§ WHAT THE EXERCISE ASKS
Without any pictures, restate the full set of records below exactly.

BEGIN RAW DATA

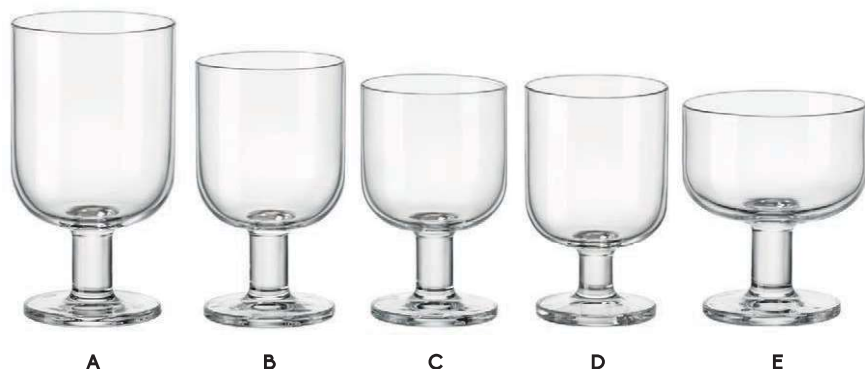

COLLEZIONE HOSTERIA

Conf. 6 PZ

A

B

C

D

E

- A **8513** CALICE GOBLET cl 34 H 14,2 Ø cm 7,7
- B **8512** CALICE LARGE cl 28 H 12,8 Ø cm 7,3
- C **8511** CALICE MEDIUM cl 20 H 10,7 Ø cm 7,3
- D **8510** CALICE SMALL cl 17 H 10,6 Ø cm 6,4
- E **8514** CALICE DESSERT cl 24 H 10,2 Ø cm 8,6

END RAW DATA

§ FINISHED EXERCISE
COLLEZIONE HOSTERIA

Conf. 6 PZ

A

B

C

D

E

- A **8513** CALICE GOBLET cl 34 H 14,2 Ø cm 7,7
- B **8512** CALICE LARGE cl 28 H 12,8 Ø cm 7,3
- C **8511** CALICE MEDIUM cl 20 H 10,7 Ø cm 7,3
- D **8510** CALICE SMALL cl 17 H 10,6 Ø cm 6,4
- E **8514** CALICE DESSERT cl 24 H 10,2 Ø cm 8,6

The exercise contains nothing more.